> [EXERCISE REQUIREMENTS] Wherever the word "باکس" turns up in a line of the entries, copy that line.

> [SUPPLIED DATA]
___
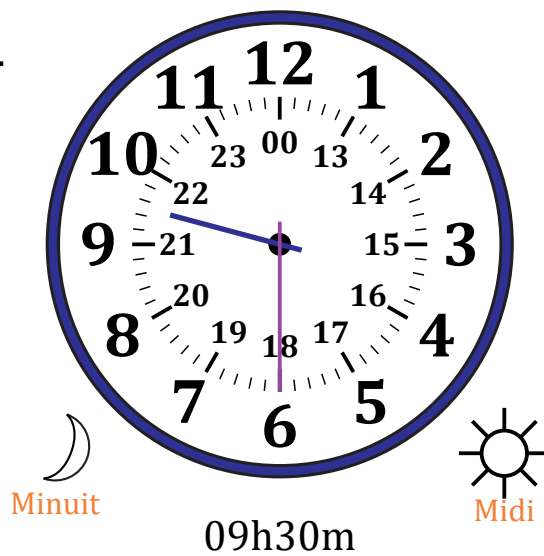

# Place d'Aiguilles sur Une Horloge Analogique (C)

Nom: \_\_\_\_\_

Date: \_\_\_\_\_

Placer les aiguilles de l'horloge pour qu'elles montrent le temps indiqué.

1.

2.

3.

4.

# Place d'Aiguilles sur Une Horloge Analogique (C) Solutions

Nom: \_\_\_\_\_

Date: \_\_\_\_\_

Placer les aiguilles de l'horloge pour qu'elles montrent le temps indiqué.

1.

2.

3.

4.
___
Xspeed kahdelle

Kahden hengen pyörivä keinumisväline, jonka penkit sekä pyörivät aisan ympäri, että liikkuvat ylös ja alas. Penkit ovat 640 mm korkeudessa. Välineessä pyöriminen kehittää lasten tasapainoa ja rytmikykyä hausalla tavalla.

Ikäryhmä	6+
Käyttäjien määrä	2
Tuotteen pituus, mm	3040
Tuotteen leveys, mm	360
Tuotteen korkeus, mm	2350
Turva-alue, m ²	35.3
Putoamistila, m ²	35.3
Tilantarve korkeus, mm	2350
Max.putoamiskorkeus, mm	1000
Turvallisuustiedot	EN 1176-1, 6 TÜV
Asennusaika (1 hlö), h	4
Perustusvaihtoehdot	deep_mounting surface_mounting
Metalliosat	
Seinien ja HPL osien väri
___
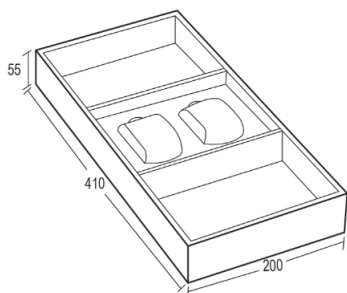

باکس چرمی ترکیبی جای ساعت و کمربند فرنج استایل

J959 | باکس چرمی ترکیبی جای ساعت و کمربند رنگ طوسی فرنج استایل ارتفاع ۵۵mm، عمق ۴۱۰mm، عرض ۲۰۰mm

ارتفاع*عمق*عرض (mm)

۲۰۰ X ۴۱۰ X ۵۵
___
> [WRITTEN SOLUTION]
باکس چرمی ترکیبی جای ساعت و کمربند فرنج استایل
J959 | باکس چرمی ترکیبی جای ساعت و کمربند رنگ طوسی فرنج استایل ارتفاع ۵۵mm، عمق ۴۱۰mm، عرض ۲۰۰mm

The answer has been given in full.